---------- Entries shown ----------

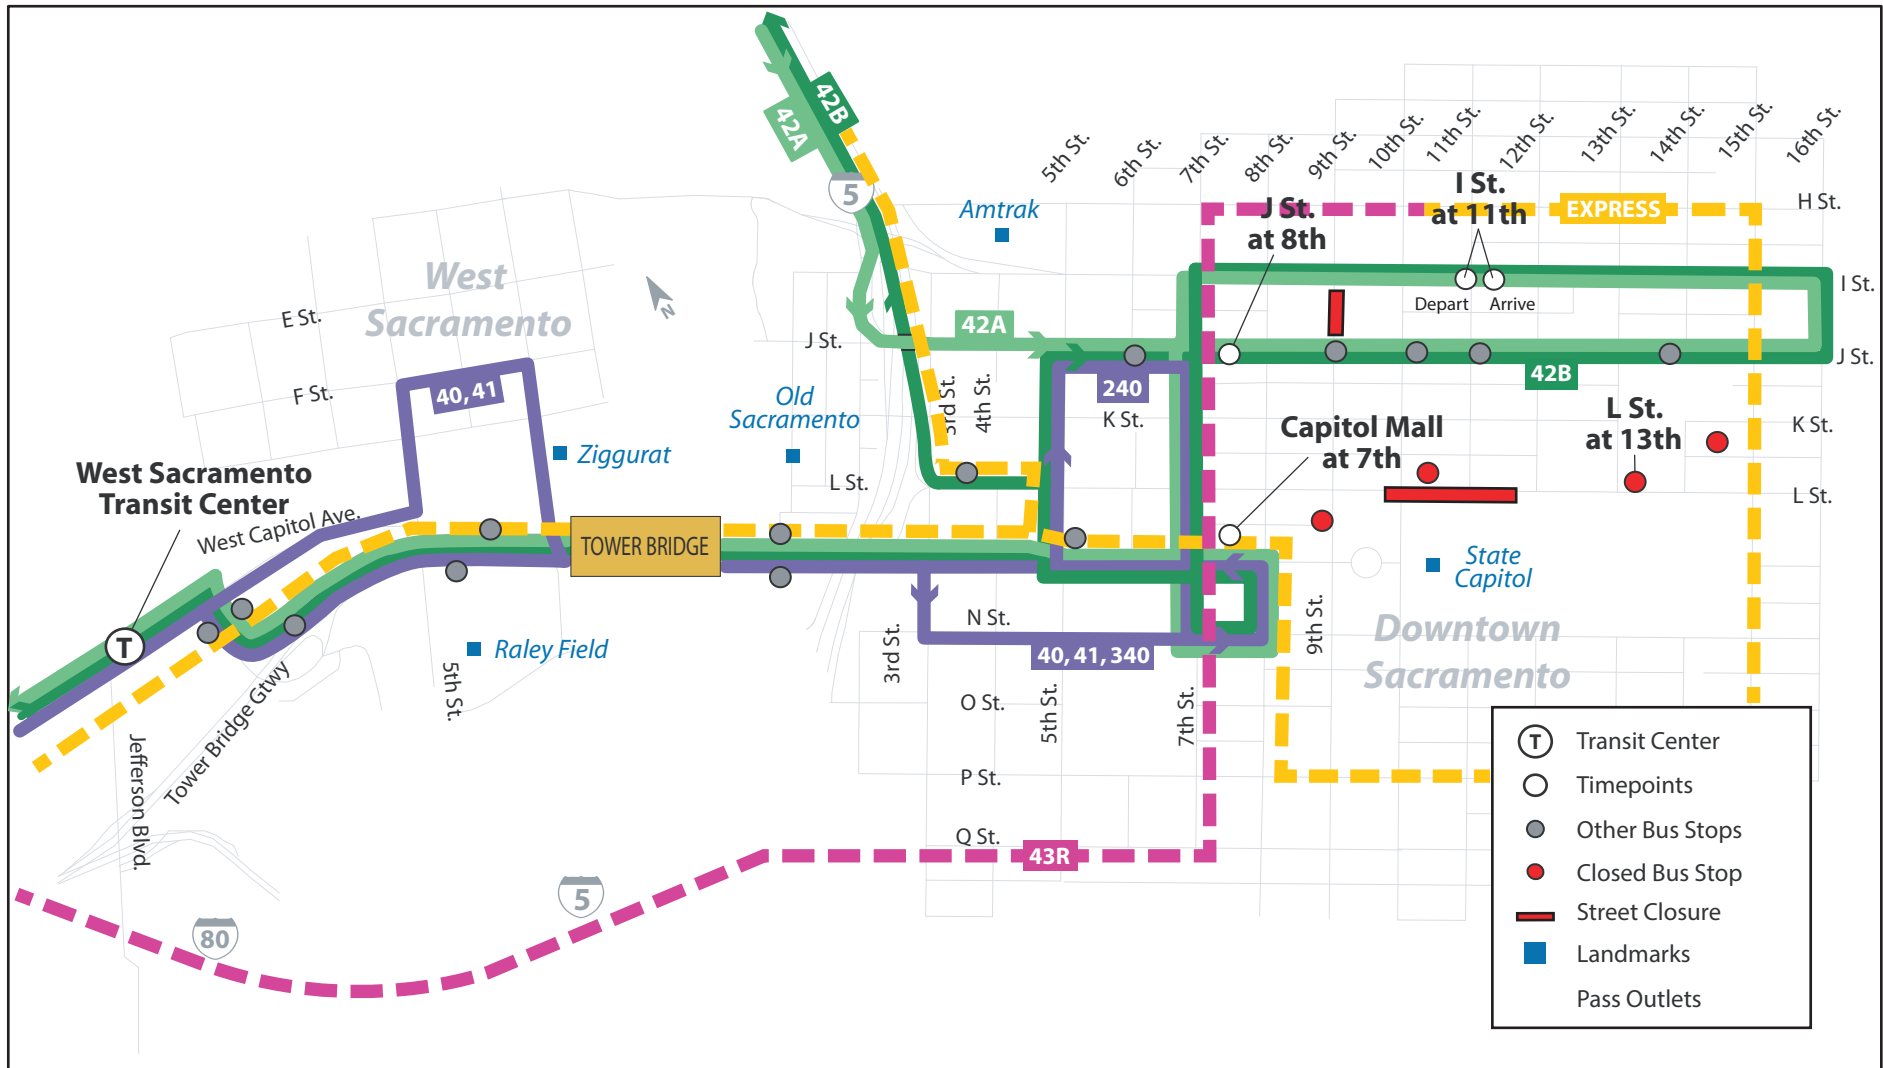

# AMGEN Tour of California

Friday, May 12th, 2017

## Intercity, West Sac, and Commuter Routes | Downtown Sacramento

### IMPORTANT NOTICE

On **Friday, May 12th, 2017** L St. and portions of 9th St. will be closed **4 P.M. to 9 P.M.** due to preparations for the **AMGEN Bike Tour**.

Due to these closures, Yolobus Routes will be rerouted during the specified time. The affected bus routes include:

**Routes 42A/B, 240, and all commuter routes. 40, 41 and 340 are unaffected.** Please board at Capitol Mall & 7th.

Yolo County Transportation District  
350 Industrial Way  
Woodland CA 95776  
(530) 661-0816
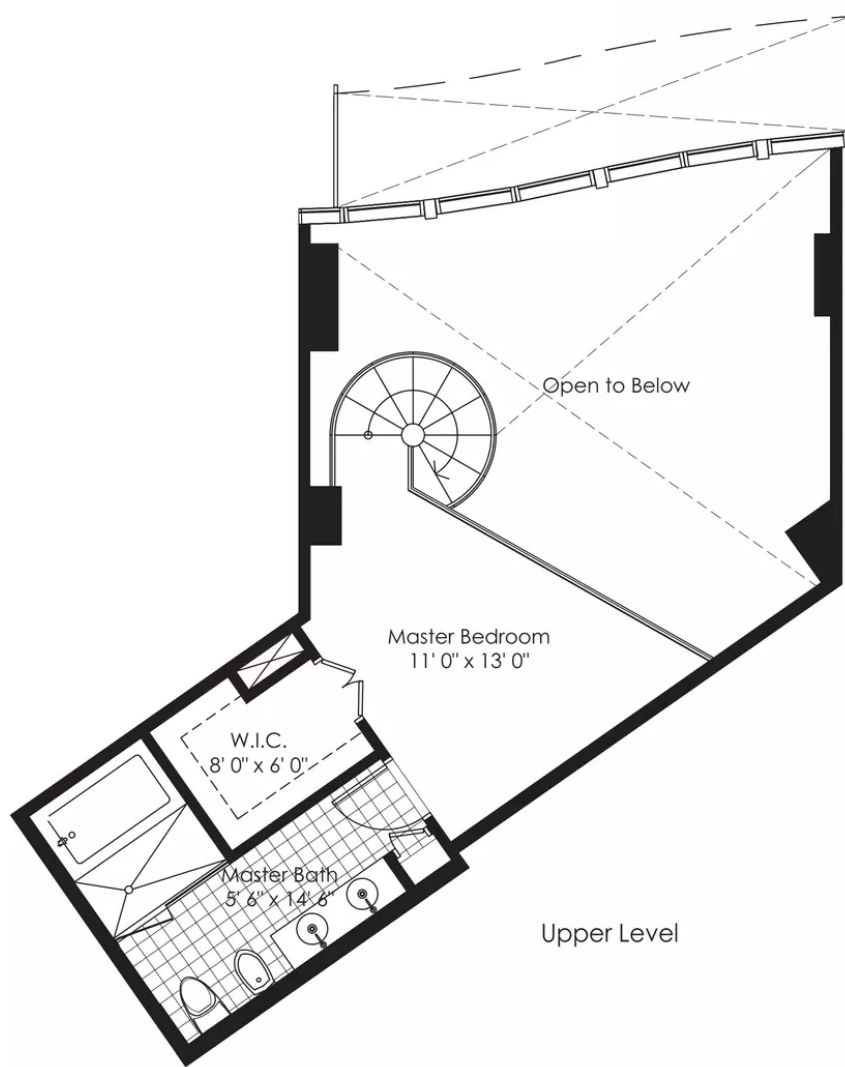

Marina Blue

Downtown Miami

Unit 05

2 BEDROOMS 0.5 BATHS

INTERIOR AREA: 1024 SQ. FT. 95 M²

EXTERIOR AREA: 120 SQ. FT. 11 M²

www.MiamiResidence.com

305-751-1000

----------

What is being asked
Reproduce the final stretch of the data above: every line from the one holding "EXTERIOR AREA: 120 SQ. FT. 11 M²" through the end, inclusive, exactly as written and nothing else.

Solution for this task
EXTERIOR AREA: 120 SQ. FT. 11 M²

www.MiamiResidence.com

305-751-1000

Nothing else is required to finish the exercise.